[Extracted data entries]
........

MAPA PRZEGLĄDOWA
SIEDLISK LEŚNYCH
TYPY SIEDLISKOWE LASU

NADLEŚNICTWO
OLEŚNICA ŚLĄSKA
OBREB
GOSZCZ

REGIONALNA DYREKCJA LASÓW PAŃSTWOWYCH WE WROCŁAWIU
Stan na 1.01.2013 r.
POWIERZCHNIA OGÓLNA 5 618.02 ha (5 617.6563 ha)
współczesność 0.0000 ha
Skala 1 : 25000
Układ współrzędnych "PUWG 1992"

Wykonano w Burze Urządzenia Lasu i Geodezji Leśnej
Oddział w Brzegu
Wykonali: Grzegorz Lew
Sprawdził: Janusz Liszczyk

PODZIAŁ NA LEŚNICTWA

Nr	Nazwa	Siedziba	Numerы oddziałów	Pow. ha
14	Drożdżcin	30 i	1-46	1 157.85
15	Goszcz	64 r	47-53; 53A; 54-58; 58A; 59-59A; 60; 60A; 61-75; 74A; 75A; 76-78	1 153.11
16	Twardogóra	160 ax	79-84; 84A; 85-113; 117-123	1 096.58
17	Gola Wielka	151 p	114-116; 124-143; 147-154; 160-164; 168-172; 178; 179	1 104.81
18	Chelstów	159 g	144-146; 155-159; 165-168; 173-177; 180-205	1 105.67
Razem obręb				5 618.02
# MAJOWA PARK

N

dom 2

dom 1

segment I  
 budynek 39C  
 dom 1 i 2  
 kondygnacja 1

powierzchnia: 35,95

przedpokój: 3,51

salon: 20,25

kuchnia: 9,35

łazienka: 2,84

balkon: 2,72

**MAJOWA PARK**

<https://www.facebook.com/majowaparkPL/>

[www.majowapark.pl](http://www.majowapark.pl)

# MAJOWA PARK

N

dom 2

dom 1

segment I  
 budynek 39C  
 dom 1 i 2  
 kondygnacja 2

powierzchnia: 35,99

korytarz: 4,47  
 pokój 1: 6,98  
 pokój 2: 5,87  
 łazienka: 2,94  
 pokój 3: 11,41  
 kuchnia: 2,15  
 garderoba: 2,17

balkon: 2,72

........

## Task to carry out
Can you quote exactly the lines from the one containing "[www.majowapark.pl](http://www.majowapark.pl)" through the last line of the records above, and nothing else?

## Result for this task
[www.majowapark.pl](http://www.majowapark.pl)

# MAJOWA PARK

N

dom 2

dom 1

segment I  
 budynek 39C  
 dom 1 i 2  
 kondygnacja 2

powierzchnia: 35,99

korytarz: 4,47  
 pokój 1: 6,98  
 pokój 2: 5,87  
 łazienka: 2,94  
 pokój 3: 11,41  
 kuchnia: 2,15  
 garderoba: 2,17

balkon: 2,72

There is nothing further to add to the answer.